Personal information
- Full name: Gladys Ekaru Emaniman
- Born: 2 October 1999 (age 26) Trans Nzoia, Kenya
- Height: 1.92 m (6 ft 4 in)
- Weight: 70 kg (154 lb)
- Spike: 292 cm (115 in)
- Block: 282 cm (111 in)

Volleyball information
- Number: 12

Career
Teams
|  |  | Kenya Pipeline |

National team
|  | Kenya |

= Gladys Ekaru =

Kenyan volleyball player

Gladys Ekaru Emaniman (born 2 October 1999) is a Kenyan volleyball player. She is part of the Kenya women's national volleyball team.

==Life==
She was born in Trans-Nzoia County in 1999. The event that shaped her career was when a friend persuaded her to get her parents to allow her to change schools. Ekaru was tall and a 400 metre runner and her friend knew she would be good at volleyball. She changed schools to attend Kwanthanze Secondary School in Machakos County. Her parents were extra pleased when the school agreed to cover her costs with a scholarship. The school had a reputation for volleyball and in 2018 the national team took five players from the school.

Ekaru found volleyball demanding and she decided to give it up. Luckily a school and team mate Sharon Chepchumba and the school's coach Justine Kigwari helped her. Kigwari and the school also created the volleyball professionals Pamela Masaisai and Sharon ChepChumba.
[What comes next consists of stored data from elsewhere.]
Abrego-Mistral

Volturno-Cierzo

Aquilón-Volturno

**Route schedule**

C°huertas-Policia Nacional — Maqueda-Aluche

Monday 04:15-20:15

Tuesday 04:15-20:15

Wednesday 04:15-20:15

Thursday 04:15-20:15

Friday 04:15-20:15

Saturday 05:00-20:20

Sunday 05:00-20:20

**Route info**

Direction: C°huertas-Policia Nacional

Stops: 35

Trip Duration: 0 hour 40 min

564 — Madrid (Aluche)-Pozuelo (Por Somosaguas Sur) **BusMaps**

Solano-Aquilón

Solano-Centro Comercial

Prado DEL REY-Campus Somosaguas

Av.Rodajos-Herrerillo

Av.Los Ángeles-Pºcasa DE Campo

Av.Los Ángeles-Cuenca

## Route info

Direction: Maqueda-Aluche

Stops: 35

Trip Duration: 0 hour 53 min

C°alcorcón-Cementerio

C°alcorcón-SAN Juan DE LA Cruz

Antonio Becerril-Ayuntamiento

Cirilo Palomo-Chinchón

In 2019 she joined the Malkia Strikers (the national squad) with Jemimma Siangu and Ruth Mutinga in preparation for the 2019 African Games under the coach Japheth Munala. She got to play with her hero Triza Atuka.
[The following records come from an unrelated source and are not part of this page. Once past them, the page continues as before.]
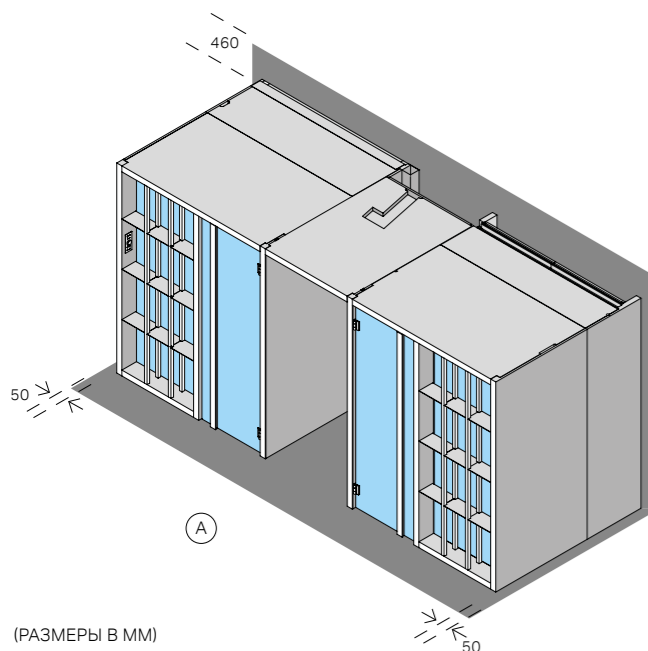

(РАЗМЕРЫ В ММ)

Ⓐ

Минимальное пространство, необходимое для монтажа сауны. В случае, если располагаемое пространство меньше указанного, свяжитесь с заводом-изготовителем.

Примечание: YOKU SH должна быть установлена прямо на пол и к готовым стенам.

Все работы должны выполняться квалифицированным персоналом или специалистами нашего сервисного центра в соответствии с законодательством страны эксплуатации и международными стандартами CEI64.8 (IEC 364 – 1). Удостовериться, что все работы по электро- и водоснабжению выполнены правильно (наличие запорного вентиля на линии подачи воды, наличие сифона на сливном трубопроводе, соответствующий автоматический дифференциальный выключатель на линии электропитания, и т.д.) и соответствуют технической схеме. Использовать резьбовые соединения трубопроводов (в случае необходимости извлечения парогенератора при техническом обслуживании).

Для выбора места под парогенератор руководствуйтесь рекомендациями в схеме подготовительных работ.

Продукция Effe изготовлена и испытана в соответствии с европейскими стандартами и обеспечивает максимальную безопасность пользователя.

She made her international debut in Cairo.

She was chosen to represent Kenya at the 2020 Summer Olympics by coach Paul Bitok. The team set off from Kenya for the Olympics in Tokyo in three batches to try and minimise the chances of being effected by the COVID-19 pandemic. Within their group the Kenyan team will first play the home team of Japan on 25 July and then at two day intervals the team will play South Korea, Serbia, the Dominican Republic and then Brazil on 2 August 2021.